Combien de fois ai-je eu envie de fuir ma propre vie, à votre avis? Quelle femme ne songe jamais à cette éventualité? Et combien passent à l'acte? Parmi toutes celles qui disparaissent chaque année, combien le font délibérément, pour échapper au succès et au pouvoir de leur propre imagination? »
Chapitre 77, p.139
Linda est devenue mère célibataire tandis que Lily mord dans la vie à pleine dent. Leur vie ont pris des chemins séparés. Son amie lui manque, elle ne répond plus à ses courriers ni à ses appels et elle finit par apprendre sa disparition, contactée par Alexander, inspecteur de l'autre côté de l'Atlantique et décide d'enquêter. Apparemment son amie harcelait un photographe, ex-otage retenu un an en Syrie. Linda a du mal à y croire connaissant son amie et décide de rencontrer Elias, ce survivant dont la presse parle tant.

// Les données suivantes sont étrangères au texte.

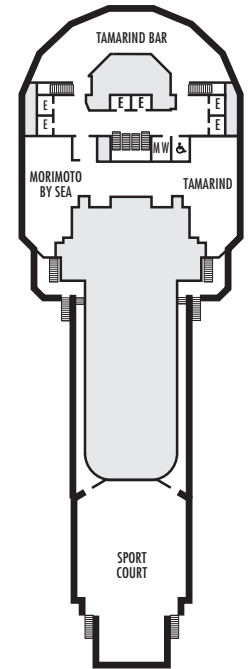

All information is subject to change.

STATEROOM SYMBOL LEGEND

- Quad (2 lower beds, 1 sofa bed, 1 upper)
- Triple (2 lower beds, 1 sofa bed)
- △ Partial sea view
- × Fully obstructed view
- + Connecting rooms
- Shower only
- ♣ Single sink vanity
- Staterooms have solid steel verandah railings instead of clear-view Plexiglas® railings

ACCESSIBILITY STATEROOM SYMBOL LEGEND

- ♿ **Fully Accessible:** Suites SA7058 & SA7057 and staterooms J1074, J1069, K1012 & K1011 have a roll-in shower only
- ▼ **Fully Accessible with Single Side Approach:** Suites SY5002 & SY5001 have a tub and roll-in shower. Staterooms VB6002, VB6001 & I-8033 have roll-in shower only.
- ★ **Ambulatory Accessible:** Staterooms VA8119, VA8116, VA8026, VA8025, V6052, V6049, V5140, V5135, V5054, V5051, VA4134, VA4131, H4092, H4089, VA4052, VA4051, D1100, D1099, C1082, C1081 & J1063 have a shower with no threshold

For more information regarding accessibility features on our ships please visit the [Accessibility](#) section of our website.

VERANDAH SPA STATEROOMS

VQ

Verandah Spa: 2 lower beds convertible to 1 queen-size bed, bathtub & shower, sitting area, private verandah, floor-to-ceiling windows. VQ staterooms 11001–11010 have viewing balconies. Approximately 213–379 sq. ft. including verandah.

Observation Deck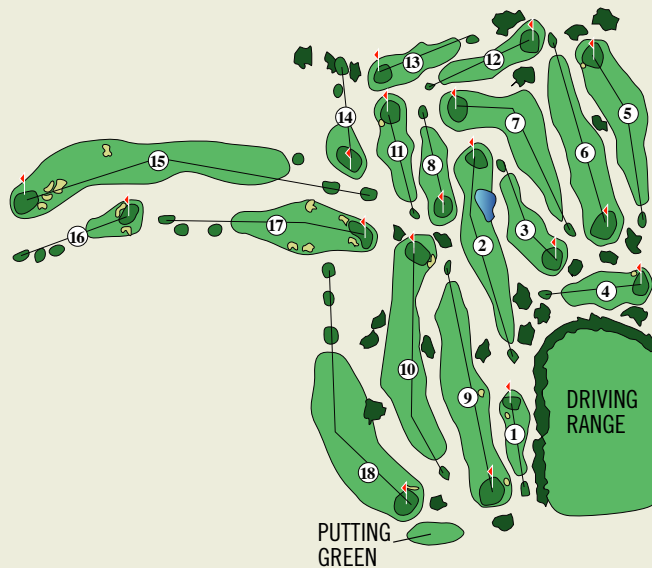

# PAGE SETTERS

1. Observe your playing partners' shots off the tee, in the event an errant tee shot occurs.
2. Plan your putt upon arriving to the green. Even if it is not your turn to putt... be ready.
3. Putt out if possible rather than marking those 2-3 footers.
4. In the event one of you has a lost ball, all others please proceed to your balls and hit away while the lost ball is searched for by the player (3 minutes max please). If within 3 minutes your ball is not found, please take your drop where you last saw it leave play.
5. Wave up the group behind you on all par 3's.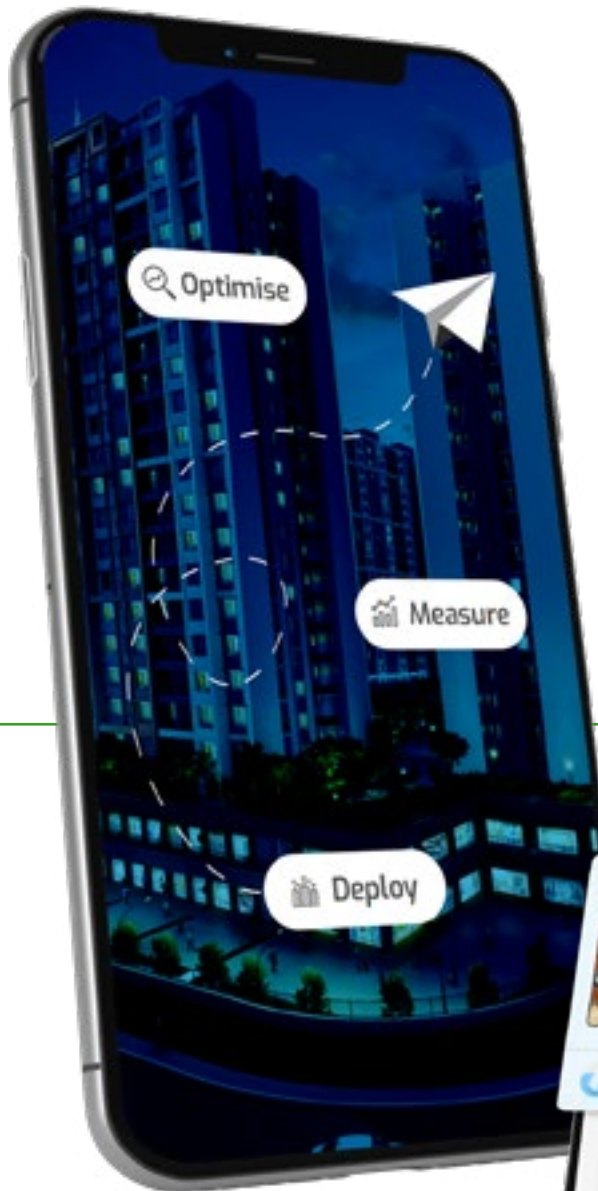

2

Smart Tanker Management

Get enhanced transparency of water delivery

Order the water tanker via call, SMS and WhatsApp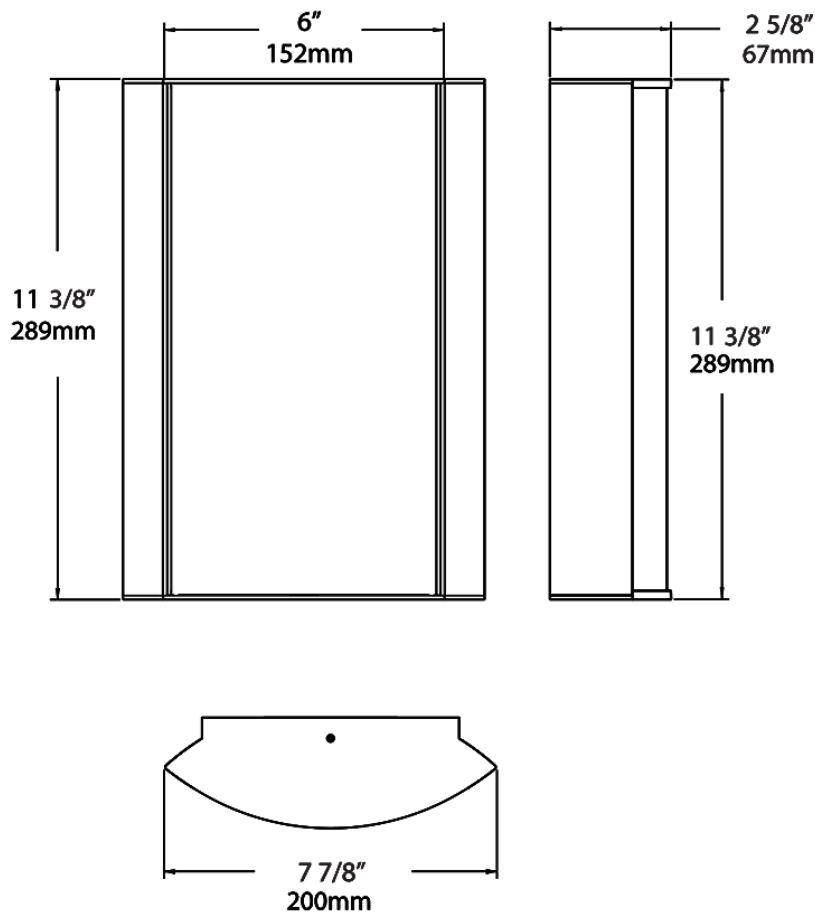

Dimensions

Ordering Matrix

Family	Lumen Package	CRI/Color Temp		Lens		Finish	Options
HALV	18L	940	-	FG1	-	K	

10L = 1000lm / 14W¹
 18L = 1800lm / 25W¹

940 = 90CRI, 4000K
 935 = 90CRI, 3500K
 930 = 90CRI, 3000K
 927 = 90CRI, 2700K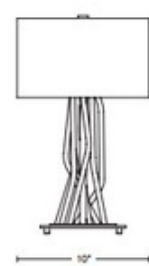

**DESIGNER**

David Kitts

**BRAND**

Hubbardton Forge

**DESCRIPTION**

The Brindille Floor Lamp features multi-faceted twigs forged from red hot round bar stock hammered for texture and shape by artisans. The steel sculpture sprouts and curves up from the stand before coming to a rest by the drum shaped fabric shade. Dimmer switch is located on the lamp socket. Lifetime Limited Warranty when installed in residential setting. Handcrafted to order by skilled artisans in Vermont, USA.

*Shown in: Vintage Platinum / Natural Anna*

<b>SHADE COLOR</b>	Natural Anna
<b>BODY FINISH</b>	Vintage Platinum
<b>WATTAGE</b>	10W
<b>DIMMER</b>	Included
<b>DIMENSIONS</b>	20"W x 16.5"H x 10"D
<b>BULB INCLUDED</b>	
<b>LAMP</b>	2 x A19/Medium (E26)/5W/120V LED 2 x A19/Medium (E26)/120V Incandescent

*Technical Information*

<b>PRODUCT DIMENSIONS</b>	Cord: 96"
---------------------------	-----------

<b>SPEC #</b>	HUB502455
---------------	-----------

COMPANY	PROJECT	FIXTURE TYPE	APPROVED BY	DATE

« Les hommes sont faibles. Ils sont poreux aux charmes qui se donnent à voir. le regard est un piège dans lequel il faut éviter de tomber. Je suis bien placé pour le savoir – c'est mon métier. »
Chapitre 43, p. 79
Un livre qui déconcerte, ne correspond pas aux critères habituels d'un rompol ni de la narration. Aliénor Dubrocq utilise les digressions comme dans un journal, plonge dans les souvenirs et nous emmène avec elle. Humour, plaisir des mots, des tournures et observation fine de la mécanique du monde.

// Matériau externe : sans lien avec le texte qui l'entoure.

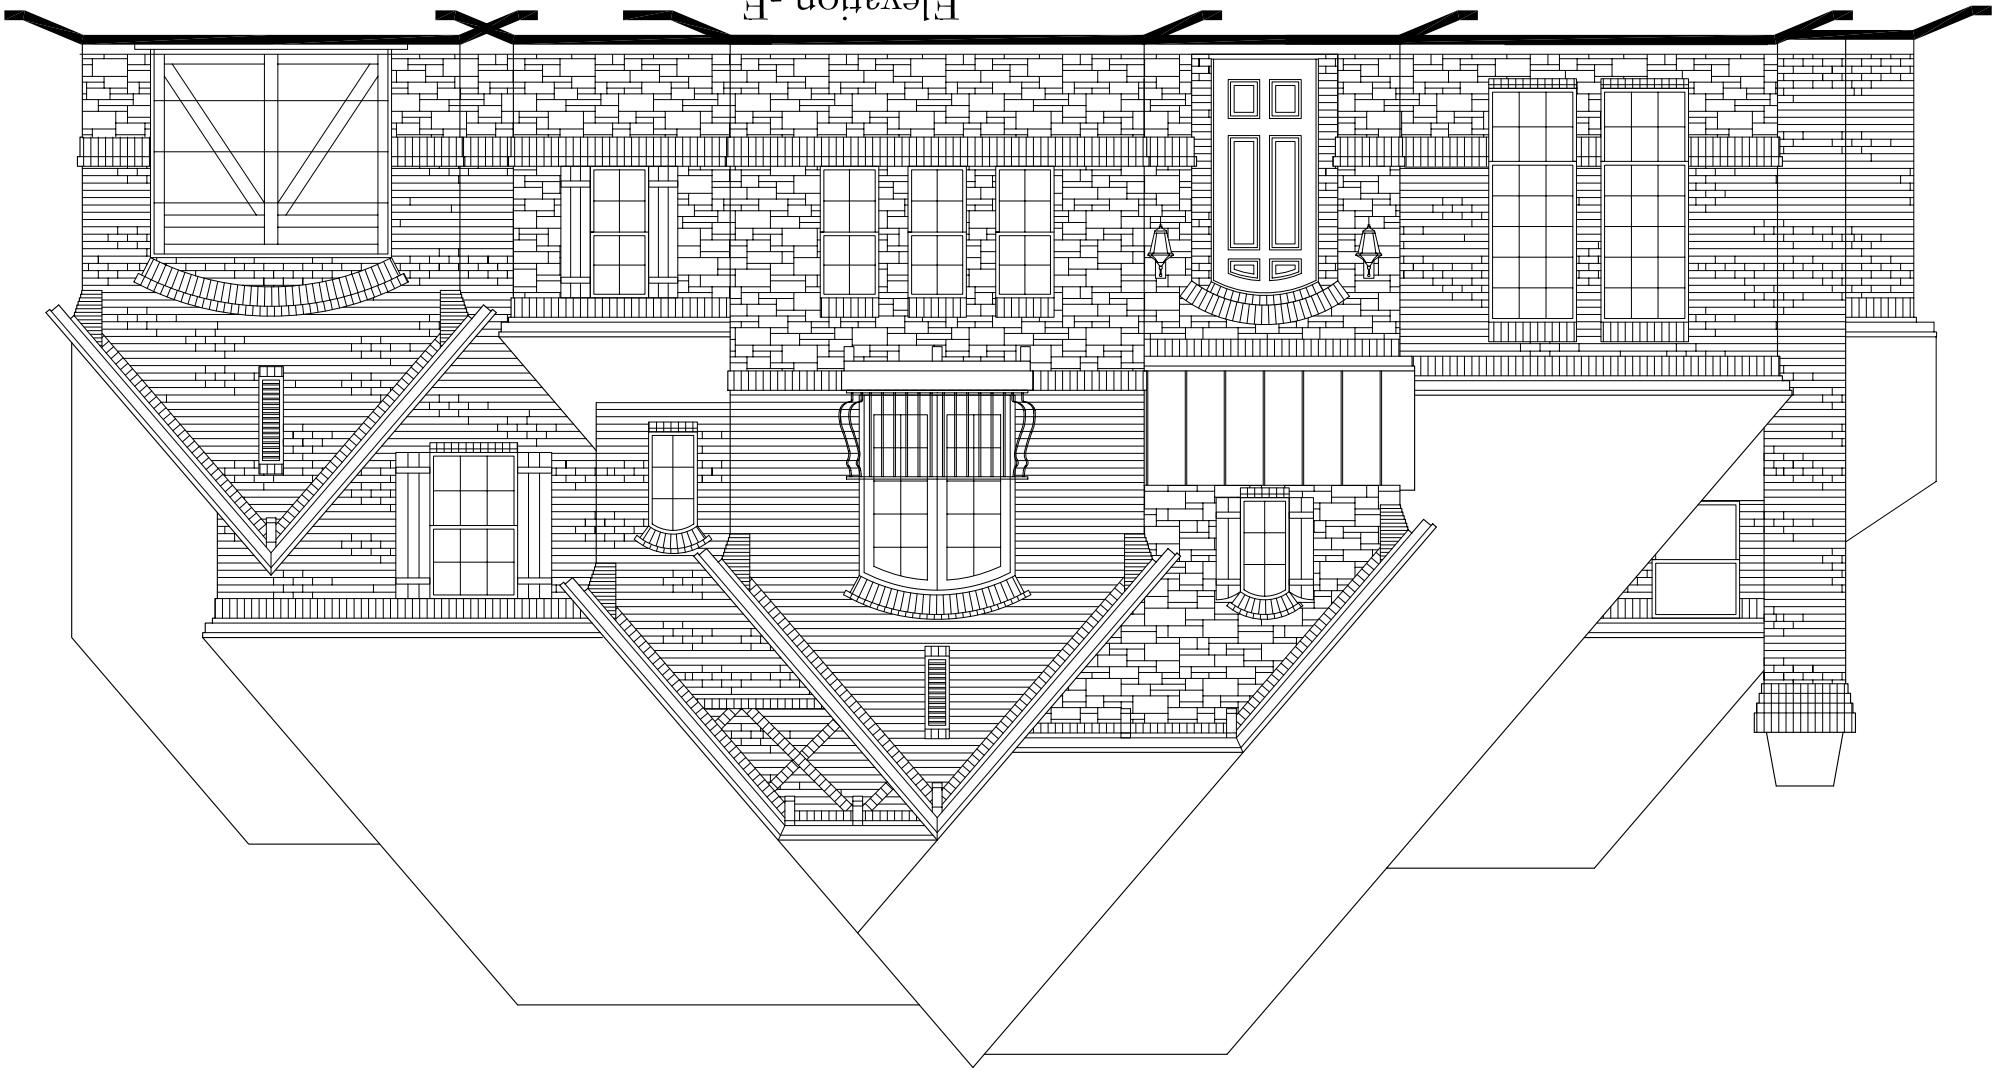

Concept 4838

Elevation - E

Elevations

Concept 4838

NEWPORT HOMEBUILDERS

Your Dream Builder

Concept 4838

4838 Square Feet of Living, 4 Bedroom, 4 1/2 Bath, 3 Car Garage

« A la fin du Moyen-Age, la représentation la plus commune est celle d'un dieu vengeur [... citation complète sur mon blog] bourdonnement incessant dans lequel baigne désormais notre cerveau vient parasiter cette relation de soi à soi. Nous sommes à la fois partout et nulle part. »
Chapitre 34, p.62
« Aussi longtemps qu'il y aura des femmes et du sang, leur cri se propagera dans la nuit, avec les bêtes, les insomnies et l'encre sur le papier. »
Chapitre 97, p.175
« On dit que juste avant de mourir, on voit sa vie défiler devant soi. Je n'y crois pas du tout. Il me semble qu'à cet instant, tout se contracte et se dilate à la fois. On échappe enfin à la linéarité du temps pour embrasser du regard les moments forts qui se juxtaposent et se mêlent en une constellation d'images. »
Chapitre 90, p.162
J'ai été sous le charme et la forme non conventionnelle de ses écrits m'a apparue comme un plus au contraire. On lit cela comme un journal, entre fiction et réalité et on est emporté, captivé. Surpris aussi parfois de la tournure du récit.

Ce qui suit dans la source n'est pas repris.